■ **Exercise instructions**
Leave the pictures out. Transcribe exactly every line from the start of the records through the one containing "3000K WARM WHITE".

■ **Stored data**
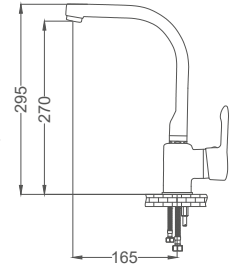

Swan Neck Kitchen Faucet

Siyah Altın Kuğu Eviye Bataryası
Batterie Cygne D'évier
خلاط مغلى بجة

Code / Kod: **ZM202**
Pieces in Cartoon / Koli: **12 Pcs**

- 40mm Ceramic Cartridge
- 50 Cm Flexible Connection
- Easy Installation With Single Screw
- Moving Aerator
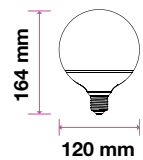

MODEL	WATTS	EQ.WATTS	LUMENS	BASE	SHAPE	BOX QTY.
VT-218	17w	100w	1521	E27	G120	20 pcs
SKU: 225	| 3000K WARM WHITE					
SKU: 226	| 4000K DAY WHITE					
SKU: 227	| 6400K WHITE
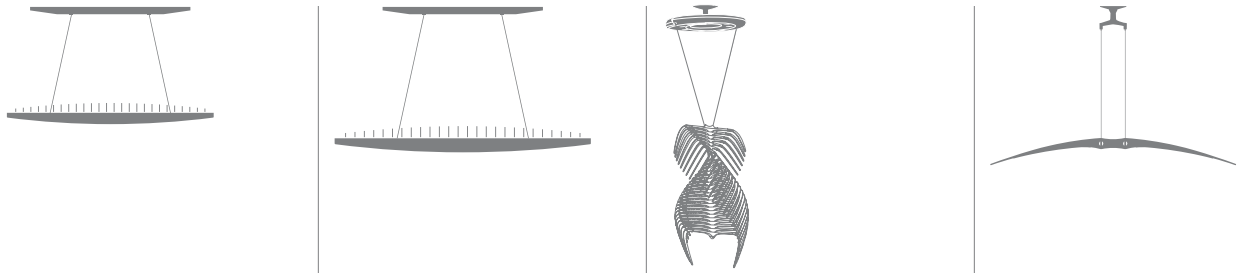

The Ivalo Collection

Product overview

Pendants

Product	Aliante pendant*	Aliante pendant	Daedalus	L'ale pendant
Length	4'	5'	5'	56"
Dimming	10%, 1% (54W only), non dim	10% (35W only), non dim	dim	5%, non dim
Lamp wattage	28 (HE), 54 (HO)	35 (HE), 80 (HO)	20W (12V)	42
Lamp	T5 linear fluorescent	T5 linear fluorescent	low-voltage MR-11	compact fluorescent
# of lamps	1	1	8	2
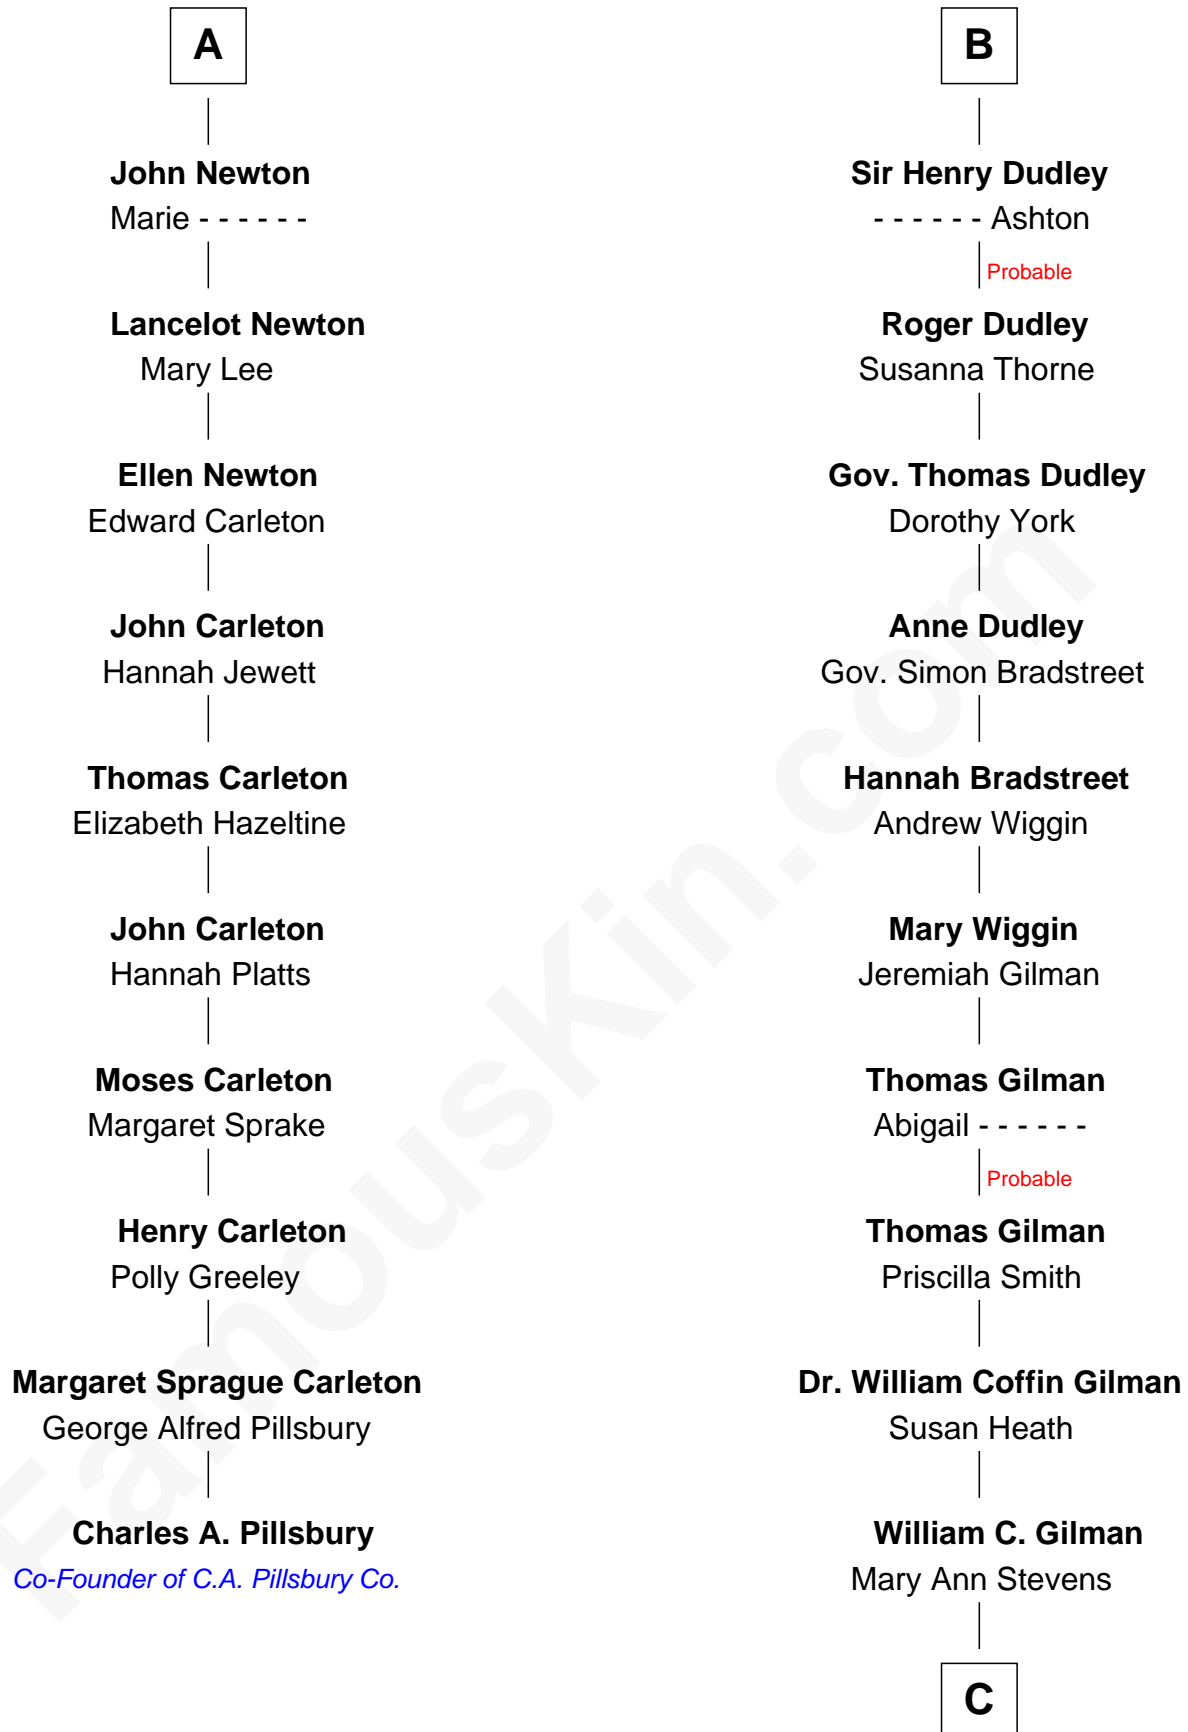

# FamousKin.com Relationship Chart of

**Charles A. Pillsbury**

*Co-Founder of C.A. Pillsbury Co.*

16th cousin 4 times removed of

**George Hamilton**

*TV and Movie Actor*

**Edmund Fitzalan**

Alice de Warenne

C

**George C. Gilman**  
Elizabeth Melissa Lane

**Lillian C. Gilman**  
Harry Fuller Hamilton

**George William Hamilton**  
Anne Lucille Stevens

**George Hamilton**  
*TV and Movie Actor*
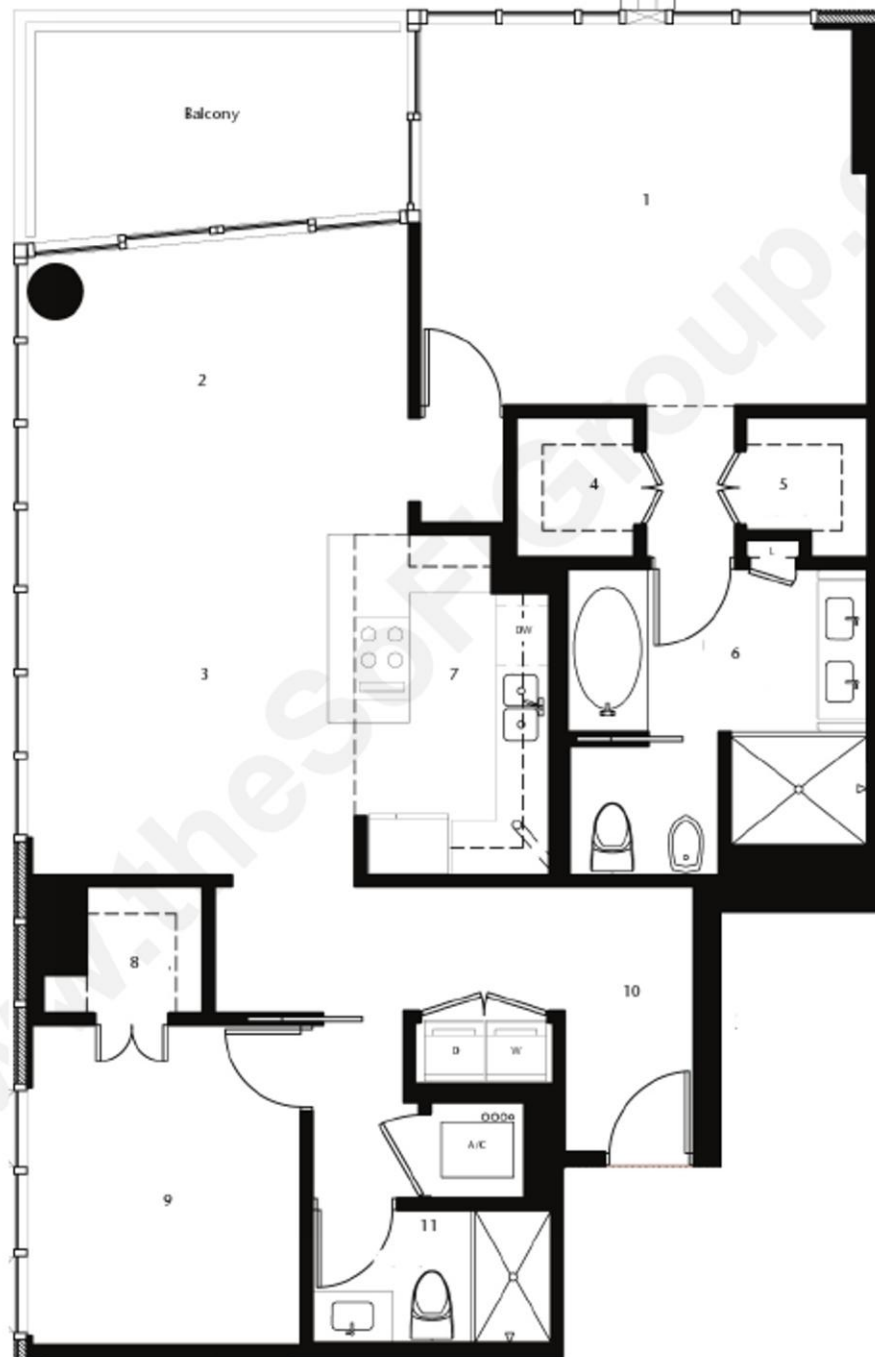

CANYON RANCH LIVING
North Tower - Residence B4
2 Bedrooms, 2 Bathrooms, Private Balcony
1290 SF/ 119.84 SM

CANYON RANCH
LIVING
MIAMI BEACH

North ←
Ocean ↑
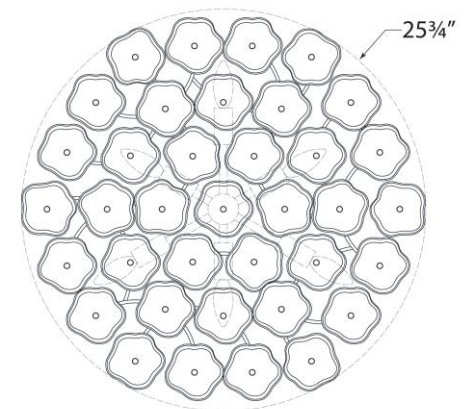

TEAR SHEET

Leighton Large Flush Mount

Item # KS 4066SB-CRE

Designer: kate spade new york

Height: 6"

Width: 25.75"

Canopy: 12" Round

Finishes: PN, SB

Glass Options: BLS, CRE

Socket: 6 - E12 Candelabra

Wattage: 6 - 6.5 LED B11

Weight: 20 Pounds

Note: UL Only

Side View

Bottom View
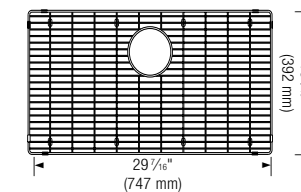

BLANCO QUATRUS™ Gourmet Series

Smart and innovative sink solution - see page 136 for more details

406345
Ash Compound
Cutting Board
\$ 273

406346
Elevated Grid,
Stainless Steel
\$ 170

406347
Super Single Grid,
Stainless Steel
\$ 195
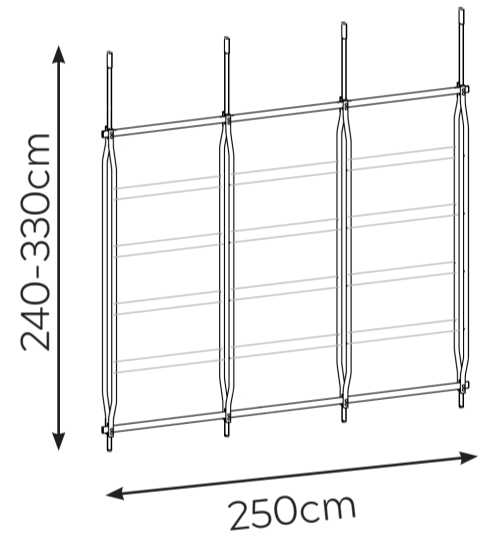

CHARLOTTE BOOKCASE FRAME

* NOT TO SCALE

FRAME ONLY; SHELVES TO BE SELECTED SEPERATELY

CHARLOTTE A
Wall Mounted

CHARLOTTE B
Wall Mounted

CHARLOTTE C
Wall Mounted

CHARLOTTE D
Wall Mounted

CHARLOTTE E
Wall Mounted

CHARLOTTE F
Ceiling Mounted

CHARLOTTE G
Ceiling Mounted

CHARLOTTE H
Ceiling Mounted

CHARLOTTE I
Ceiling Mounted

CHARLOTTE J
Ceiling Mounted

FRAME DETAIL CAN BE SELECTED IN A CONTRAST COLOUR
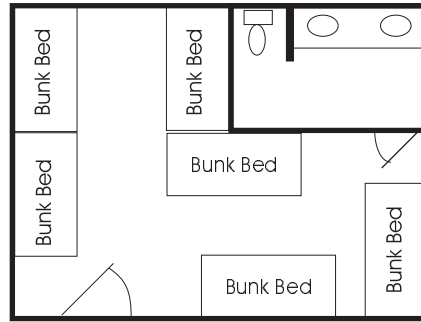

# Upper Ranch Housing Layouts

**No Name (12)**

**Broken Arrow (12)**

**Bald Eagle (10)**

**Big Horn (14)**

**Concho (12) (No Shower)  
Tumbleweed (12) (No Shower)**

**Sitting Bull (8) (No Plumbing)**

**New Life Dorm (24)**
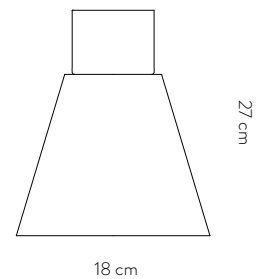

Production

Designed and made in Belgium
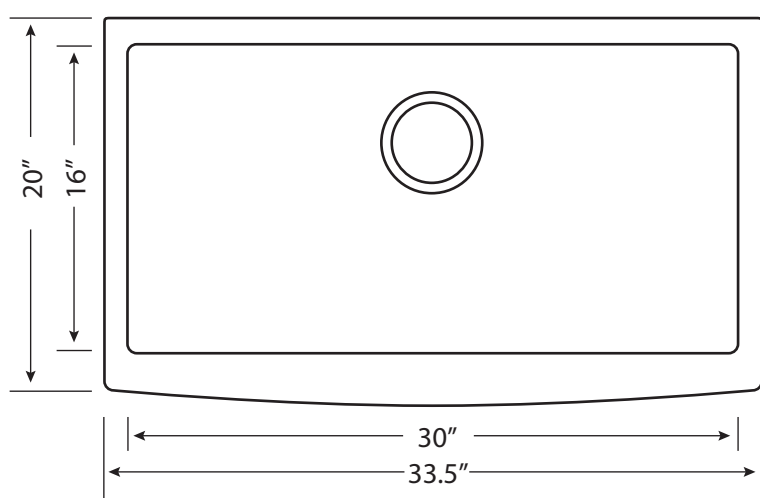

755
UM
FS

Leilani

Overall Size: 33.5" X 20" X 9.5"
Right / Left Side apron is 6" front to back
Bowl Size: 30" x 16" x 9.5"

Center of Drain from back wall: 6.5"
3 1/2" Drain

Material:
Enameled Cast Iron

Shipping Weight:
150 lbs.

Accessories
(Sold Separately):
Sink Tray

ACID RESISTANT ENAMEL
ON CAST IRON
Rough-in dimensions
may vary 1/4"

Undermount Accessory
Kit Included

755-UM-FS
(White Shown)

Leilani

755-UM-FS STC Sink Tray

White

1310 E. Borchard Ave. • Santa Ana, CA 92705 • P 714.656.1950 • F 714.656.1969
www.cecosinks.com
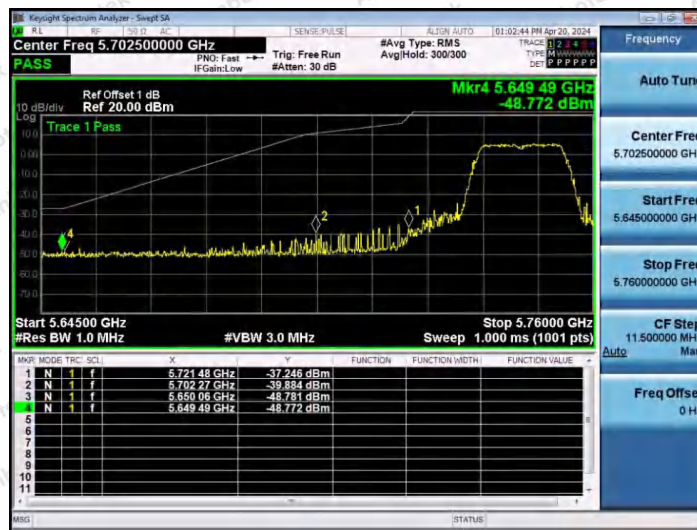

Hotline 400-003-0500
www.anbotek.com.cn

Test Graphs B4

11A-Ant1-5745-PASS

11A-Ant1-5825-PASS

11N20SISO-Ant1-5745-PASS

Shenzhen Anbotek Compliance Laboratory Limited

Address: 1/F., Building D, Sogood Science and Technology Park, Sanwei Community, Hangcheng Street, Bao'an District, Shenzhen, Guangdong, China.
Tel: (86) 0755-26066440 Fax: (86) 0755-26014772 Email: service@anbotek.com

■ **Output of the task**
Swan Neck Kitchen Faucet

Siyah Altın Kuğu Eviye Bataryası
Batterie Cygne D'évier
خلاط مغلى بجة

Code / Kod: **ZM202**
Pieces in Cartoon / Koli: **12 Pcs**

- 40mm Ceramic Cartridge
- 50 Cm Flexible Connection
- Easy Installation With Single Screw
- Moving Aerator

MODEL	WATTS	EQ.WATTS	LUMENS	BASE	SHAPE	BOX QTY.
VT-218	17w	100w	1521	E27	G120	20 pcs
SKU: 225	| 3000K WARM WHITE					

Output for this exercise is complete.